Eran los gritos desesperados de 2 recién nacidas que retumbaban por todos los lujosos pasillos de mármol y cantera. A sus 29 años, Lucía llevaba 3 semanas completas trabajando como empleada doméstica en esa enorme fortaleza. Fue la sexta mujer enviada por la agencia tras las masivas renuncias del personal previo, quienes habían huido por puro pánico al ambiente pesado del lugar y a la leyenda urbana que rodeaba al dueño de la propiedad.

“Ay, Dios mío, pobrecitas chamacas”, susurró Lucía para sí misma, tocando inconscientemente la vieja cicatriz en su mano izquierda. Ese era un doloroso recordatorio de Diego, el maldito exmarido que la molió a golpes años atrás, provocando que perdiera a su bebé de 6 meses de gestación. Desde entonces, el llanto de un niño no le causaba molestia, sino una urgencia visceral por protegerlo.

De pronto, en la cima de las enormes escaleras de caracol, apareció Gabriel Martínez. A sus 38 años, el hombre que todos conocían como el líder de la familia más pesada del norte del país parecía un muerto en vida. Sus ojos tenían ojeras tan profundas que parecían moretones.
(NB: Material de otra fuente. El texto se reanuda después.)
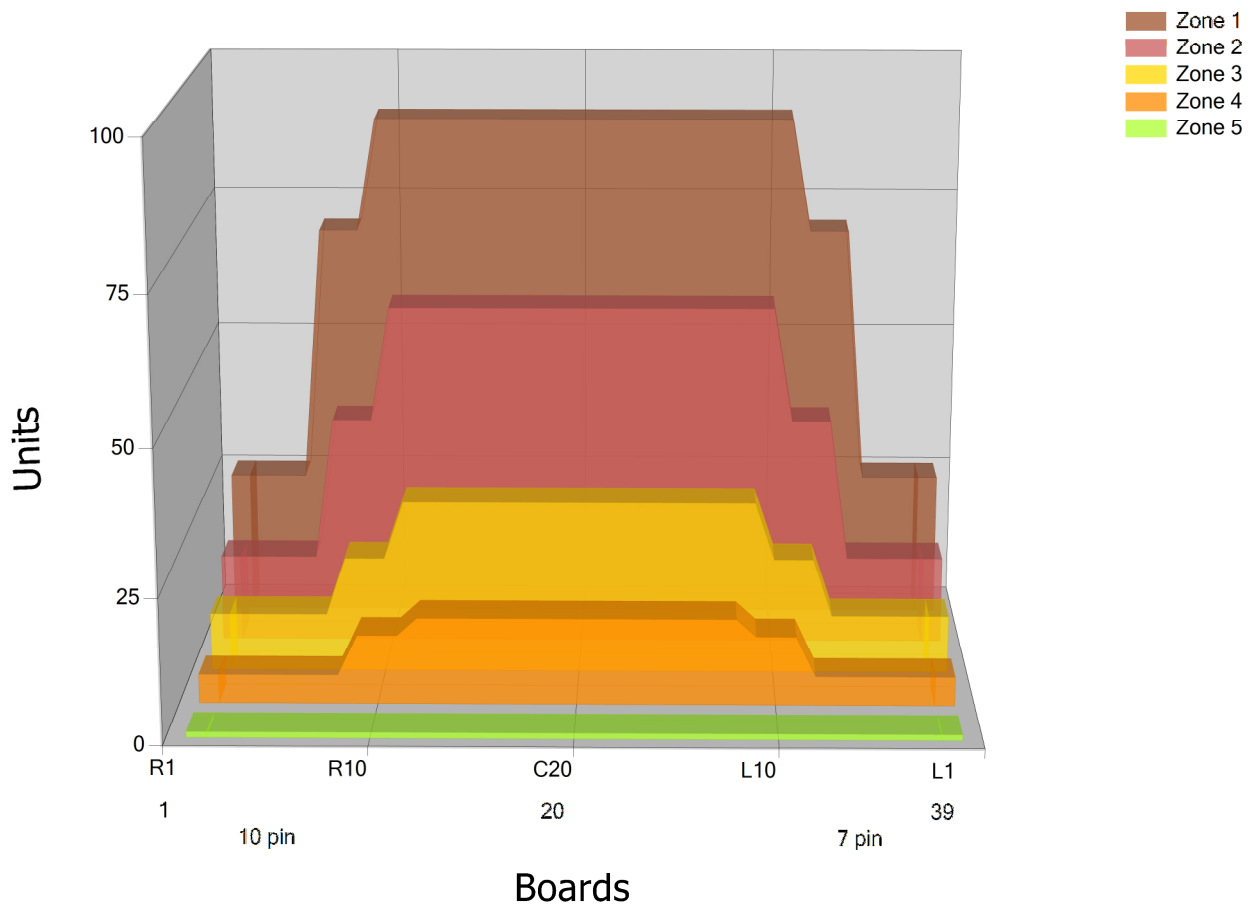

ARRIBA 2024

Conditioner:

Cleaner:

Zone Configuration

Cleaner Transition

Mode: Clean and Condition

Speed: Max Clean

Start Cleaner Spray: 0 Feet

Start Squeegee: 0 Feet

Start Conditioning: 6 Inches

Split Pattern: No

Zone 1	Avg	Ratio	Zone 2	Avg	Ratio
Left	43.0	2.1 : 1	Left	20.0	3.0 : 1
Right	43.0	2.1 : 1	Right	20.0	3.0 : 1
Center	90.0		Center	60.0	

Zone 3	Avg	Ratio	Zone 4	Avg	Ratio
Left	10.0	3.0 : 1	Left	5.0	3.0 : 1
Right	10.0	3.0 : 1	Right	5.0	3.0 : 1
Center	30.0		Center	15.0	

Zone 5	Avg	Ratio
Left	1.0	1.0 : 1
Right	1.0	1.0 : 1
Center	1.0	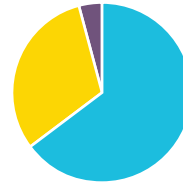

Missouri Connections: Iceland

Missouri's exports to Iceland in 2019: \$1.2M¹

- Special classification provisions
- Electrical equipment/components
- Food manufactures
- Machinery, except electrical
- All others

Missouri's imports from Iceland in 2019: \$121,774¹

- Beverages & tobacco
- Misc. manufactured commodities
- Apparel manufacturing products
- Fish & other marine products
- All others

The University of Missouri offers a degree in International Studies w/a concentration in European Studies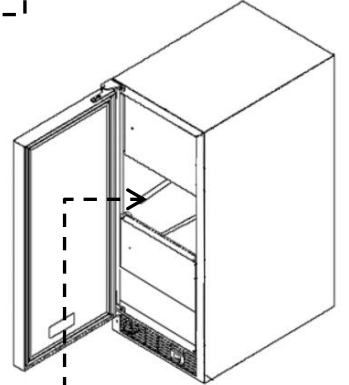

Rear of Product

Left bottom front of liner

AGA MARVEL
GREENVILLE, MI 48838 MADE IN USA

MODEL NO.	SERIAL NO.				
M60CSS-WS	20130627143H				
SERVICE NUMBER					
M60CSS-WS					
115 VOLTS60HZ	1 PH				
AMPS 7.0	POWER MODULE(S)				
FOR USE WITH AGA MARVEL POWER MODULE(S)	<table border="1"> <tr> <td>FREEZER</td> <td>REFRIGERATOR</td> </tr> <tr> <td>NM11BF</td> <td>NM11BF</td> </tr> </table>	FREEZER	REFRIGERATOR	NM11BF	NM11BF
FREEZER	REFRIGERATOR				
NM11BF	NM11BF				

MPRO		30		AR		BB		F		L		L		P	
SERIES		CABINET WIDTH/ TYPE		PLATFORM		CABINET/ DOOR COLOR		DOOR TYPE		LOCK		DOOR SWING		PUMP/ TAP	
MPRO	PROFESSIONAL	3	15"	ADAM	ADA REFRIGERATOR	BB	BLACK CABINET/ DOOR	F	SOLID	L	LOCK	L	LEFT	P	PUMP
	MARVEL	6	24" FORCED AIR	ARM	ALL REFRIGERATOR UNDER COUNTER	BC	BLACK CABINET/ CRANBERRY DOOR	G	GLASS		NO LOCK	R	RIGHT	X	NO TAP
		8	30"	AROM	OUTDOOR ALL REFRIGERATOR	BD	OVERLAY GLASS DOOR	O	OVERLAY						(BEER)
		15	15" COMPACT CRESCENT ICE	BARM	BEVERAGE CENTER	BI	BLACK CABINET/ IVORY DOOR								NO PUMP
		25	15" UNDER COUNTER CRESCENT ICE	DZE	DUAL ZONE WINE	BS	BLACK CABINET/ STAINLESS DOOR								
		30	15" CLEAR ICE	GARM	BEVERAGE CENTER	WS	WHITE INT/ STAINLESS EXT								
		60	24" REFRIGERATED DRAWERS	HK	BEER DISPENSER	WW	WHITE CABINET/ DOOR								
		61	24" COLD PLATE	IMAT	ADA ICE MACHINE										
		66	24" STACK UNIT	IMT	ICE MACHINE										
		80	30"	RD	REFRIGERATED DRAWERS										
		30	15" OUTDOOR	RF	REFRIGERATOR FREEZER										
		60	24" OUTDOOR	SBARE	BEVERAGE CENTER SENTRY										
				SWCE	WINE CELLAR SENTRY										
				WCM	WINE CELLAR MICRO SENTRY										
				DZAR	DUAL ZONE/ ALL REFRIGERATOR										
				WDM	WINE CELLAR/REFRIGERATED DRAWERS

Llevaba 5 meses de puro infierno, el mismo tiempo exacto que sus hijas llevaban llorando sin que nadie en el mundo, ni los mejores especialistas de Houston, pudiera calmarlas.

“¿Qué clase de padre soy, güey?”, le gritó Gabriel a su mayordomo, Don Enrique, un hombre de 57 años que siempre cargaba una libreta de cuero donde anotaba cada detalle de la casa. “¡Puedo controlar esta ciudad completa, puedo doblar a mis enemigos, pero dejo que mis hijas sufran así todos los días! ¡Neta que no valgo madre para esto, Enrique!”.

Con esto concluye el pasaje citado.